All that is wanted is how many lines in the records below include the string "Gianduia".

- **Stored items from a collection**
══════════

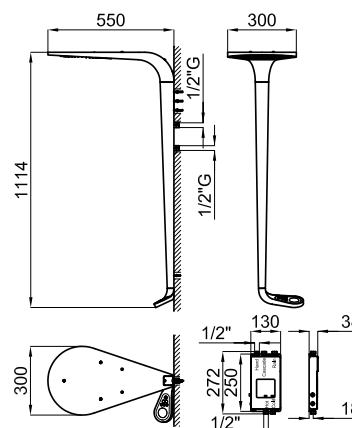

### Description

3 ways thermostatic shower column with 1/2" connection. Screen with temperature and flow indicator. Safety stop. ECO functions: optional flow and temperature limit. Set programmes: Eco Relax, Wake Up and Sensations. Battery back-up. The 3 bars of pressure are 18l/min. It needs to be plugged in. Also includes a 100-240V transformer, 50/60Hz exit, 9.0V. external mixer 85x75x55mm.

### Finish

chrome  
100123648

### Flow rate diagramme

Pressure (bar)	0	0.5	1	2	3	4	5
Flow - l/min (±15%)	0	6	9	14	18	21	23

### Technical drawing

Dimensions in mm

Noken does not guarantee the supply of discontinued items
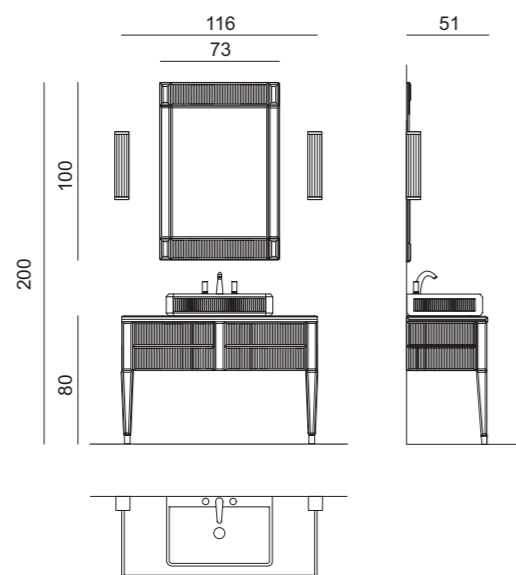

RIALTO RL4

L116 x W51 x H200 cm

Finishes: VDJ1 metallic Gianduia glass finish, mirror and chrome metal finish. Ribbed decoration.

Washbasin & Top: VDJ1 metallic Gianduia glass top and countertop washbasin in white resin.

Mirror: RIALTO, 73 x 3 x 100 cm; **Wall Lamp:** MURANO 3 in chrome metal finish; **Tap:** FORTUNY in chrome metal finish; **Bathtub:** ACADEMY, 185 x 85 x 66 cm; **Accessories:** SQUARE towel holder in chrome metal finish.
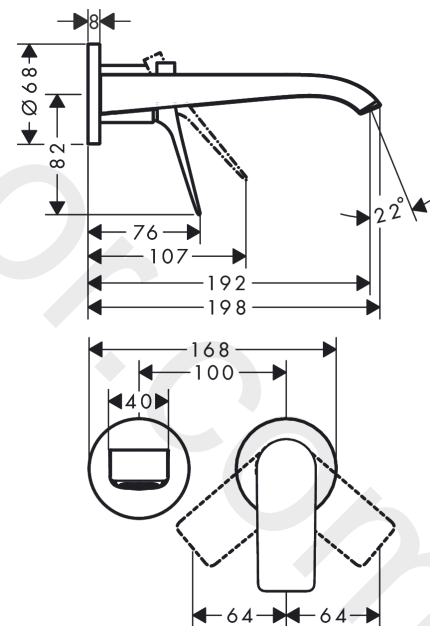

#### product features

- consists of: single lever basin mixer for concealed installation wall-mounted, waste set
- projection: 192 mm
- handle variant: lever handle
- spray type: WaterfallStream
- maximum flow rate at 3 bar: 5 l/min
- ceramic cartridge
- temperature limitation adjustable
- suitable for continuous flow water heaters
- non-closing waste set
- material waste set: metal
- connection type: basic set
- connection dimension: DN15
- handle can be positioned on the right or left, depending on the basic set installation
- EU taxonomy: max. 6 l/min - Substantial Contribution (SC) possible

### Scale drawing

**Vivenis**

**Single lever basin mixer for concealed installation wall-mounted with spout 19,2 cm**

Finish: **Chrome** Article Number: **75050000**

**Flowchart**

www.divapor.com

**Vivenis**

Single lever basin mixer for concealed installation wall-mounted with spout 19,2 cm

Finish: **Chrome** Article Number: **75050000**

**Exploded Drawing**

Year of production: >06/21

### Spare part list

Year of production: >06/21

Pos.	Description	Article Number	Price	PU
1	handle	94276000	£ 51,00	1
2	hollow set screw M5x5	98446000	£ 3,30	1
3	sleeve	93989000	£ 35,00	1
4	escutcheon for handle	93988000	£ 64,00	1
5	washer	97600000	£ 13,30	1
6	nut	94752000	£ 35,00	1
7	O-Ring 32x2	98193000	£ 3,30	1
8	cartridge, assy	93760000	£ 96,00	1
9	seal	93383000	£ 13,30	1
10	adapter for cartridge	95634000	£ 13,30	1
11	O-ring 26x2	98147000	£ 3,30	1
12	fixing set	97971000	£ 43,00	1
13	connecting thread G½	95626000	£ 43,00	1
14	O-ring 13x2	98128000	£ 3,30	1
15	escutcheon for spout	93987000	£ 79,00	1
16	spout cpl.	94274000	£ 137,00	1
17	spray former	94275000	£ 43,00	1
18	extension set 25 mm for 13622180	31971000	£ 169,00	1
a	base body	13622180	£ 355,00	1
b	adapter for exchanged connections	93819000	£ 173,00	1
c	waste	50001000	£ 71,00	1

══════════

- **Answer for the task**
2